◆ Exercise prompt: Return the records exactly, with nothing added.

◆ Supplied records:
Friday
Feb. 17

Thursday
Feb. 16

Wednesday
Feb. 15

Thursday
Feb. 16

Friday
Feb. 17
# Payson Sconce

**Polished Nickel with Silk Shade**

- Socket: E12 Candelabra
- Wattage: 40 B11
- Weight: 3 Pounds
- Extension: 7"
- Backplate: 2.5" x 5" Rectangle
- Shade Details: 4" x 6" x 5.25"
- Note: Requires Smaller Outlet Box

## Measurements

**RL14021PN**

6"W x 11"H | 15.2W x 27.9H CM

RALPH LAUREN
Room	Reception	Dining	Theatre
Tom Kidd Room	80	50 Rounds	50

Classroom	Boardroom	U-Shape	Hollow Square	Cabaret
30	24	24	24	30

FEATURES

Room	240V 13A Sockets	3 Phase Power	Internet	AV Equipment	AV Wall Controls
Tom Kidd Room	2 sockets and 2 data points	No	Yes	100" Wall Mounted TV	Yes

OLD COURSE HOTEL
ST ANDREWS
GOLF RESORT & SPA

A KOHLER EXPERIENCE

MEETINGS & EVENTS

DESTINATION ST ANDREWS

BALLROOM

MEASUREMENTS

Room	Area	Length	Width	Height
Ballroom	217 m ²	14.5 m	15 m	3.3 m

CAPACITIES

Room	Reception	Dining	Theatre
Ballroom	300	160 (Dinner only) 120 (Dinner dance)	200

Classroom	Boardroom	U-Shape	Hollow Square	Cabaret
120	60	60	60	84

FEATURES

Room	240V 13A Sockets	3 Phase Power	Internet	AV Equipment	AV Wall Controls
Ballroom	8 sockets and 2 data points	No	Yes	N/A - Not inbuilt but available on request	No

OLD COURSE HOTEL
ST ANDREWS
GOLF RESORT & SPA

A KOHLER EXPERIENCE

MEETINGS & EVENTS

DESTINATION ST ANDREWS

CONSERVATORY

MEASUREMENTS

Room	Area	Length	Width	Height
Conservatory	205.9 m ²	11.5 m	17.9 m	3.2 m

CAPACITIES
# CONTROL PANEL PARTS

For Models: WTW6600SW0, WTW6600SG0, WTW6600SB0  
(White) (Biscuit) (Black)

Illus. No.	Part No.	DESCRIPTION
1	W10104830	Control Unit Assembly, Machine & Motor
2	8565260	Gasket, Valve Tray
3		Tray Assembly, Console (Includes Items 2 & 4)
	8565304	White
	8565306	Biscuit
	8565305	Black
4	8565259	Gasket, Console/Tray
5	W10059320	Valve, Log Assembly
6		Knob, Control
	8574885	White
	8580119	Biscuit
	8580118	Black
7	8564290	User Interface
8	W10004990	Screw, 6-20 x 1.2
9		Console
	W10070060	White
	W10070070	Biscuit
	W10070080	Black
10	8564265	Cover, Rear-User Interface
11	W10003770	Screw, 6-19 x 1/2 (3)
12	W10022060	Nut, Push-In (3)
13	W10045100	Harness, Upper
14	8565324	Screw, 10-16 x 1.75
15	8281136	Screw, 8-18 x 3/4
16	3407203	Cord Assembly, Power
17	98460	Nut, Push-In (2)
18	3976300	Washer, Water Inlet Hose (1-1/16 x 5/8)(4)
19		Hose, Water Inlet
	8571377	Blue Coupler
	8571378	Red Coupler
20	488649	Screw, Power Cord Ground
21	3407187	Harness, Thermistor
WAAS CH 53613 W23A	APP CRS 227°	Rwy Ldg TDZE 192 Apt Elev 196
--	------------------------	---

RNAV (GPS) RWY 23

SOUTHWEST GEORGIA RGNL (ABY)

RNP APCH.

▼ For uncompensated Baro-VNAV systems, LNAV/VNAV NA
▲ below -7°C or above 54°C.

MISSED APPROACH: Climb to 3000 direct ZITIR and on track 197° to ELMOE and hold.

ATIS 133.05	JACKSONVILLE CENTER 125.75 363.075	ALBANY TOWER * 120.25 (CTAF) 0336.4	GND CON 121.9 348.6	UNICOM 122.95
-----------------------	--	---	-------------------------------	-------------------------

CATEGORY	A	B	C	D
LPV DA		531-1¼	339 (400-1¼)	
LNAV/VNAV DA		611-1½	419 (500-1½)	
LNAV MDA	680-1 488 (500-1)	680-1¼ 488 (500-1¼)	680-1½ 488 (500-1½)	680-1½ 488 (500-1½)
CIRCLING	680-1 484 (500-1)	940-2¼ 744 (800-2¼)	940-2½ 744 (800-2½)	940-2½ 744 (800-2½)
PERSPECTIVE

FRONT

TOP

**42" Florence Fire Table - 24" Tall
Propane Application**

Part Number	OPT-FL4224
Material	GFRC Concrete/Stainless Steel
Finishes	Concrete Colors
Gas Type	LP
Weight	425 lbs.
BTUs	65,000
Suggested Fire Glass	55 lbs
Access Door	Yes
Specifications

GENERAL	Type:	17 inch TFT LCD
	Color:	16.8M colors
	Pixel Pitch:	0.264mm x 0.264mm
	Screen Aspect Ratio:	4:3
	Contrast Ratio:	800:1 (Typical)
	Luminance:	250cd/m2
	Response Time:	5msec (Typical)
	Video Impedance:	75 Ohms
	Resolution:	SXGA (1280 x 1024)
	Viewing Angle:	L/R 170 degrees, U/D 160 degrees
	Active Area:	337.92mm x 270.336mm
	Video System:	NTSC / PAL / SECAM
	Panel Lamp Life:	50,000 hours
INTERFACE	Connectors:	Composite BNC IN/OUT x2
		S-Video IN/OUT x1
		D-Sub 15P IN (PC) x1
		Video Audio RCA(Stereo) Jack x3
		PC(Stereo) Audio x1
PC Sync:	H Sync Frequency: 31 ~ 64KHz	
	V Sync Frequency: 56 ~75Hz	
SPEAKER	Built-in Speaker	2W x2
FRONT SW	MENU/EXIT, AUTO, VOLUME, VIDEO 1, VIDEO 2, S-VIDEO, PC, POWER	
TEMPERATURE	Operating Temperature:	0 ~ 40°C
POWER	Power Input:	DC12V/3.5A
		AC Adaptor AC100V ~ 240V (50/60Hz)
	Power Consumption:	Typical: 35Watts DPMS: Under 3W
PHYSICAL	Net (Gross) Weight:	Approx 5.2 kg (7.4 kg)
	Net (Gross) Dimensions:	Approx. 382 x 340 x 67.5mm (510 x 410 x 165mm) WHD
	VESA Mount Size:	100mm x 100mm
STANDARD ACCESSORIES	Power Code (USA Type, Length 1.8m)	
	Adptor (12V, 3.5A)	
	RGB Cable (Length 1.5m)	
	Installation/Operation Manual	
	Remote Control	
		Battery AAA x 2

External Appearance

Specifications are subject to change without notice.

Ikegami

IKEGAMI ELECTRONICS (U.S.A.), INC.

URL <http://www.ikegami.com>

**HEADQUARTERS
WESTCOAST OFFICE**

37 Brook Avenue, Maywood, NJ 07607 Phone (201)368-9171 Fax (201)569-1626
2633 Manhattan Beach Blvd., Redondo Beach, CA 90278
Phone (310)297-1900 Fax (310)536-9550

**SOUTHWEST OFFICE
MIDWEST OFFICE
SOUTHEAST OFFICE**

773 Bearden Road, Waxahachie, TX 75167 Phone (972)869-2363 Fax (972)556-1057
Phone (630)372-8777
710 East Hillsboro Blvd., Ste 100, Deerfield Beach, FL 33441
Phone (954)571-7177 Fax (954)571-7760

◆ Expected answer:
Friday
Feb. 17

Thursday
Feb. 16

Wednesday
Feb. 15

Thursday
Feb. 16

Friday
Feb. 17
# Payson Sconce

**Polished Nickel with Silk Shade**

- Socket: E12 Candelabra
- Wattage: 40 B11
- Weight: 3 Pounds
- Extension: 7"
- Backplate: 2.5" x 5" Rectangle
- Shade Details: 4" x 6" x 5.25"
- Note: Requires Smaller Outlet Box

## Measurements

**RL14021PN**

6"W x 11"H | 15.2W x 27.9H CM

RALPH LAUREN
Room	Reception	Dining	Theatre
Tom Kidd Room	80	50 Rounds	50

Classroom	Boardroom	U-Shape	Hollow Square	Cabaret
30	24	24	24	30

FEATURES

Room	240V 13A Sockets	3 Phase Power	Internet	AV Equipment	AV Wall Controls
Tom Kidd Room	2 sockets and 2 data points	No	Yes	100" Wall Mounted TV	Yes

OLD COURSE HOTEL
ST ANDREWS
GOLF RESORT & SPA

A KOHLER EXPERIENCE

MEETINGS & EVENTS

DESTINATION ST ANDREWS

BALLROOM

MEASUREMENTS

Room	Area	Length	Width	Height
Ballroom	217 m ²	14.5 m	15 m	3.3 m

CAPACITIES

Room	Reception	Dining	Theatre
Ballroom	300	160 (Dinner only) 120 (Dinner dance)	200

Classroom	Boardroom	U-Shape	Hollow Square	Cabaret
120	60	60	60	84

FEATURES

Room	240V 13A Sockets	3 Phase Power	Internet	AV Equipment	AV Wall Controls
Ballroom	8 sockets and 2 data points	No	Yes	N/A - Not inbuilt but available on request	No

OLD COURSE HOTEL
ST ANDREWS
GOLF RESORT & SPA

A KOHLER EXPERIENCE

MEETINGS & EVENTS

DESTINATION ST ANDREWS

CONSERVATORY

MEASUREMENTS

Room	Area	Length	Width	Height
Conservatory	205.9 m ²	11.5 m	17.9 m	3.2 m

CAPACITIES
# CONTROL PANEL PARTS

For Models: WTW6600SW0, WTW6600SG0, WTW6600SB0  
(White) (Biscuit) (Black)

Illus. No.	Part No.	DESCRIPTION
1	W10104830	Control Unit Assembly, Machine & Motor
2	8565260	Gasket, Valve Tray
3		Tray Assembly, Console (Includes Items 2 & 4)
	8565304	White
	8565306	Biscuit
	8565305	Black
4	8565259	Gasket, Console/Tray
5	W10059320	Valve, Log Assembly
6		Knob, Control
	8574885	White
	8580119	Biscuit
	8580118	Black
7	8564290	User Interface
8	W10004990	Screw, 6-20 x 1.2
9		Console
	W10070060	White
	W10070070	Biscuit
	W10070080	Black
10	8564265	Cover, Rear-User Interface
11	W10003770	Screw, 6-19 x 1/2 (3)
12	W10022060	Nut, Push-In (3)
13	W10045100	Harness, Upper
14	8565324	Screw, 10-16 x 1.75
15	8281136	Screw, 8-18 x 3/4
16	3407203	Cord Assembly, Power
17	98460	Nut, Push-In (2)
18	3976300	Washer, Water Inlet Hose (1-1/16 x 5/8)(4)
19		Hose, Water Inlet
	8571377	Blue Coupler
	8571378	Red Coupler
20	488649	Screw, Power Cord Ground
21	3407187	Harness, Thermistor
WAAS CH 53613 W23A	APP CRS 227°	Rwy Ldg TDZE 192 Apt Elev 196
--	------------------------	---

RNAV (GPS) RWY 23

SOUTHWEST GEORGIA RGNL (ABY)

RNP APCH.

▼ For uncompensated Baro-VNAV systems, LNAV/VNAV NA
▲ below -7°C or above 54°C.

MISSED APPROACH: Climb to 3000 direct ZITIR and on track 197° to ELMOE and hold.

ATIS 133.05	JACKSONVILLE CENTER 125.75 363.075	ALBANY TOWER * 120.25 (CTAF) 0336.4	GND CON 121.9 348.6	UNICOM 122.95
-----------------------	--	---	-------------------------------	-------------------------

CATEGORY	A	B	C	D
LPV DA		531-1¼	339 (400-1¼)	
LNAV/VNAV DA		611-1½	419 (500-1½)	
LNAV MDA	680-1 488 (500-1)	680-1¼ 488 (500-1¼)	680-1½ 488 (500-1½)	680-1½ 488 (500-1½)
CIRCLING	680-1 484 (500-1)	940-2¼ 744 (800-2¼)	940-2½ 744 (800-2½)	940-2½ 744 (800-2½)
PERSPECTIVE

FRONT

TOP

**42" Florence Fire Table - 24" Tall
Propane Application**

Part Number	OPT-FL4224
Material	GFRC Concrete/Stainless Steel
Finishes	Concrete Colors
Gas Type	LP
Weight	425 lbs.
BTUs	65,000
Suggested Fire Glass	55 lbs
Access Door	Yes
Specifications

GENERAL	Type:	17 inch TFT LCD
	Color:	16.8M colors
	Pixel Pitch:	0.264mm x 0.264mm
	Screen Aspect Ratio:	4:3
	Contrast Ratio:	800:1 (Typical)
	Luminance:	250cd/m2
	Response Time:	5msec (Typical)
	Video Impedance:	75 Ohms
	Resolution:	SXGA (1280 x 1024)
	Viewing Angle:	L/R 170 degrees, U/D 160 degrees
	Active Area:	337.92mm x 270.336mm
	Video System:	NTSC / PAL / SECAM
	Panel Lamp Life:	50,000 hours
INTERFACE	Connectors:	Composite BNC IN/OUT x2
		S-Video IN/OUT x1
		D-Sub 15P IN (PC) x1
		Video Audio RCA(Stereo) Jack x3
		PC(Stereo) Audio x1
PC Sync:	H Sync Frequency: 31 ~ 64KHz	
	V Sync Frequency: 56 ~75Hz	
SPEAKER	Built-in Speaker	2W x2
FRONT SW	MENU/EXIT, AUTO, VOLUME, VIDEO 1, VIDEO 2, S-VIDEO, PC, POWER	
TEMPERATURE	Operating Temperature:	0 ~ 40°C
POWER	Power Input:	DC12V/3.5A
		AC Adaptor AC100V ~ 240V (50/60Hz)
	Power Consumption:	Typical: 35Watts DPMS: Under 3W
PHYSICAL	Net (Gross) Weight:	Approx 5.2 kg (7.4 kg)
	Net (Gross) Dimensions:	Approx. 382 x 340 x 67.5mm (510 x 410 x 165mm) WHD
	VESA Mount Size:	100mm x 100mm
STANDARD ACCESSORIES	Power Code (USA Type, Length 1.8m)	
	Adptor (12V, 3.5A)	
	RGB Cable (Length 1.5m)	
	Installation/Operation Manual	
	Remote Control	
		Battery AAA x 2

External Appearance

Specifications are subject to change without notice.

Ikegami

IKEGAMI ELECTRONICS (U.S.A.), INC.

URL <http://www.ikegami.com>

**HEADQUARTERS
WESTCOAST OFFICE**

37 Brook Avenue, Maywood, NJ 07607 Phone (201)368-9171 Fax (201)569-1626
2633 Manhattan Beach Blvd., Redondo Beach, CA 90278
Phone (310)297-1900 Fax (310)536-9550

**SOUTHWEST OFFICE
MIDWEST OFFICE
SOUTHEAST OFFICE**

773 Bearden Road, Waxahachie, TX 75167 Phone (972)869-2363 Fax (972)556-1057
Phone (630)372-8777
710 East Hillsboro Blvd., Ste 100, Deerfield Beach, FL 33441
Phone (954)571-7177 Fax (954)571-7760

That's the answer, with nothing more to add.